Blood pressure was 107/44, temp 970 F, heart rate 85, RR 18, O2 sats 99% on RA. BMI was 38.4 kg/m2. He was oriented and non-focal. No edema and physical exam was otherwise unremarkable. Pertinent labs - leukocytosis (11.68), hyperkalemia (8.1 mmol/L), metabolic acidosis (bicarbonate 9 mmol/L), BUN 229 mg/dL, creatinine 24.42 mg/dL (baseline creatinine was 1.51 mg/dL on 1/27/2024), phosphorus 12.4 mg/dL, anion gap was 27 mmol/L, eGFR 2 ml/min/1.73 m2, troponin I 0.074 ng/mL, NT proBNP 898 pg/mL, platelet 458 K/cmm and hemoglobin 11.5 g/dL. Urinalysis revealed trace ketones, 1+ blood, 2+ protein and 1+ leukocyte esterase. A1c was 6.6%. Non-contrast head and abd/pelvis CT were negative and showed bilateral nonspecific perinephric edema, without calculi or hydronephrosis. Extensive blood and urine AKI workup including HIV 1 and 2 Ab/p24 Ag, acute Hepatitis panel, were negative including normal total CK and normal serum osmolal gap. Urine tox screen was negative. Ingested volatile alcohols tests were negative. Lactic acid was 1.0 mmol/L. Chest radiograph was normal. Non-contrast head CT showed no evident acute intracranial abnormality. Non-contrast CT abdomen/pelvis revealed nonspecific mild bilateral perinephric edema without calculi or hydroureteronephrosis. Nasal culture was negative. Blood cultures x2 had no growth. 

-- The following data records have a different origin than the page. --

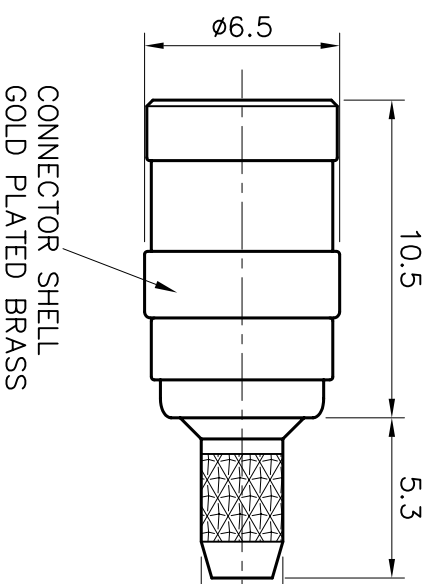

### ENLARGED DETAIL OF SMB PLUG (F)

NOTE:-  
MATERIALS SUPPLIED MUST BE  
ROHS COMPLIANT.

C/NOTE	ISSUE	DATE	APPROVAL	FILE
01019	1	24.8.00	K.D.	SCI-SMB-PC174
01878	2	05.07.07	K.D.	
01019	3	22.07.08	K.D.	
01019	4	03.03.11	K.D.	

TITLE	MATERIAL	FINISH
SMB CRIMP PLUG (FEMALE) FOR RG-174U COAX

Lisinopril, Hydrochlorothiazide and Rosuvastatin were promptly discontinued. 

He was making urine and immediate hemodialysis was not indicated. Hyperkalemia was treated with 5 units insulin with IV Dextrose, IV calcium gluconate, 80-120 mg doses of IV Furosemide, repeated every 4 hours and IV fluids containing sodium bicarbonate, 150 mEq in 1000 ml D5W at 200 ml/hour as well as IV Lactated Ringers. A Foley catheter was placed with significant urine output (Figure). In the MICU, he initially required IV norepinephrine pressure support, which was weaned as tolerated. He also received 3 doses of oral sodium Zirconium cyclosilicate, 10 gm, repeated every 6 hours. He promptly responded to therapy with increasing urine output and improving biochemical parameters (Figures). Leukocytosis resolved after one day and he made 1.4 L of urine the first night. He was started on Sevelamer carbonate, taken TID with meals, for hyperphosphatemia and was maintained on a renal diet. 

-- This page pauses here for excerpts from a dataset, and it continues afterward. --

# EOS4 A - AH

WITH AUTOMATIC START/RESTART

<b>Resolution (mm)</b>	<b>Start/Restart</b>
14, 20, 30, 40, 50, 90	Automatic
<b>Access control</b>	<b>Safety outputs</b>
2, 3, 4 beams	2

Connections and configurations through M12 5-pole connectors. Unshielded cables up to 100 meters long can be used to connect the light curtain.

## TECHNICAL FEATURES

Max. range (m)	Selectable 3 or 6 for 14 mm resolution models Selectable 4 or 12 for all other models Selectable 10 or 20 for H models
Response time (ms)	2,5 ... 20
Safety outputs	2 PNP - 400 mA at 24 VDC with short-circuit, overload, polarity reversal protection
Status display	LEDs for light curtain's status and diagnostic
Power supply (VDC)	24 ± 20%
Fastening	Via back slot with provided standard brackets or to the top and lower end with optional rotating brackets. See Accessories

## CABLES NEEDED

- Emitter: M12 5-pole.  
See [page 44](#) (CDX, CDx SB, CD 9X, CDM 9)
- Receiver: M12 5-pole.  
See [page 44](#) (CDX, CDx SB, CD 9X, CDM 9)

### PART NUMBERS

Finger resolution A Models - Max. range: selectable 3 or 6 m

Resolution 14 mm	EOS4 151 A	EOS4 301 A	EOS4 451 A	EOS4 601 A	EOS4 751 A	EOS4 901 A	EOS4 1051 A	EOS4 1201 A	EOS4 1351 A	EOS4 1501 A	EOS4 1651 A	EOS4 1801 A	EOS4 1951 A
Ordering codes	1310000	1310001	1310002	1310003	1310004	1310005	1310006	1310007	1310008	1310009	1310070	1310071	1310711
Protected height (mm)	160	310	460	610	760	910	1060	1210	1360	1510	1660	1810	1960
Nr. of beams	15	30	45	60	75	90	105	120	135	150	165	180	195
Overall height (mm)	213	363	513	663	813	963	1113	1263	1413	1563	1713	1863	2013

Renal ultrasound showed right kidney 13.2 cm, left kidney 14 cm, no hydronephrosis but Doppler revealed elevated peak systolic velocities in the proximal right renal artery and mid left renal artery, consistent with bilateral renal artery stenosis. We were unable to carry out carbon dioxide renal angiography to further ascertain the renal artery anatomy without further exposure to potentially nephrotoxic iodinated contrast. Ultrasound-guided left renal biopsy showed acute tubular necrosis, mild thickening of the glomerular basement membranes and early mesangial sclerosis, consistent with early diabetic glomerulopathy, nephrocalcinosis, and mild medial hypertrophy and hyalinosis without necrosis, inflammation or thrombosis of the arterioles. Peak creatinine was 24.42 mg/dL on admission had decreased to 8.26 mg/dL on discharge on hospital day 10. He was discharged on Sevelamer 800 TID with meals, vitamin D supplementation and twice weekly BMP/Phosphorus testing. He was followed in the Nephrology outpatient clinic and 2 months later was back to his usual state of health, normotensive, only on vitamin D supplements and creatinine was normal at 1.20 mg/dL (eGFR=73 ml/min/1.73 m2). We plan to repeat the renal artery Duplex examination.

Conclusions:

We present a case of reversible AKI with life-threatening hyperkalemia and high anion-gap metabolic acidosis in a 52-yo hypertensive male patient who had been on 10 mg daily dose of Lisinopril for 9 years, and who about two months prior to presentation had the dose of Lisinopril increased to 40 mg daily in addition to starting hydrochlorothiazide. He responded to conservative measures. Renal artery Duplex supported the diagnosis of bilateral renal artery stenosis. We could not immediately carry out carbon dioxide renal angiography to ascertain his renal anatomy. We posit that this was a clear medical indication for non-nephrotoxic carbon dioxide angiography. We plan to repeat the renal artery Duplex in the near future.

I have no potential conflict of interest to disclose.

I did not use generative AI and AI-assisted technologies in the writing process.